TASK OBJECTIVE:
Below are the records. Count the lines containing the string "Páginas", and reply with the number alone.

===== RECORDS FOR THIS EXERCISE =====

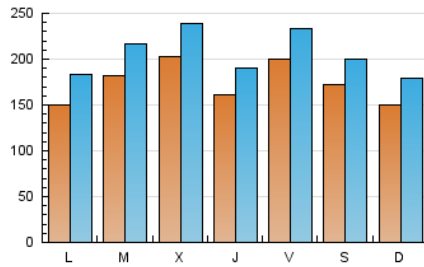

La Tribuna de Ciudad Real.es

1. Cifras totales y promedios (Nacional e Internacional)

MES - AÑO	NAVEGADORES UNICOS	VISITAS	PAGINAS
Agosto - 2022	300.873	640.556	1.060.692
PROMEDIO DIARIO	17.451	20.663	34.216
PROMEDIO LUNES-VIERNES	17.908	21.236	35.583
PROMEDIO SABADO-DOMINGO	16.138	19.016	30.286
PAGINAS / VISITAS	1,66		
DURACION MEDIA VISITAS	0:01:03		
DURACION MEDIA PAGINAS	0:01:36		

2. Secciones (Nacional e Internacional)

	PAGINAS	%
HOME	245.757	23.17 %
RESTO	814.935	76.83 %

3. Por día del mes (Nacional e Internacional)

Día	N. únicos	Visitas	Páginas	Día	N. únicos	Visitas	Páginas	Día	N. únicos	Visitas	Páginas
1	12.347	15.266	33.496	11	14.748	17.531	28.607	21	11.691	14.161	23.870
2	12.544	15.506	30.041	12	16.459	19.856	31.488	22	13.979	16.933	29.670
3	15.120	18.240	32.932	13	17.814	20.715	33.245	23	23.772	28.094	48.218
4	14.338	16.915	27.406	14	20.527	24.223	38.867	24	23.999	27.463	40.286
5	13.139	15.594	26.728	15	19.473	24.063	41.481	25	20.109	23.430	38.528
6	10.081	12.044	19.563	16	21.730	25.923	41.710	26	33.895	37.945	55.392
7	13.361	15.994	27.684	17	21.511	25.364	40.645	27	28.277	32.532	47.955
8	13.678	16.400	27.389	18	15.526	18.434	31.473	28	14.647	17.484	28.197
9	12.217	14.505	24.367	19	16.313	19.818	33.274	29	15.849	18.850	31.737
10	15.911	18.818	29.965	20	12.704	14.977	22.904	30	20.662	24.221	40.612
								31	24.564	29.257	52.962

4. Gráficas (Nacional e Internacional)

4.1 Por día de la semana (promedio)

N. únicos / Visitas (x 100)

Páginas (x 100)

4.2 Por franja horaria (promedio)

Visitas_ (x 1000)

Páginas (x 1000)

4.3 Por meses

=====

THE ANSWER:
3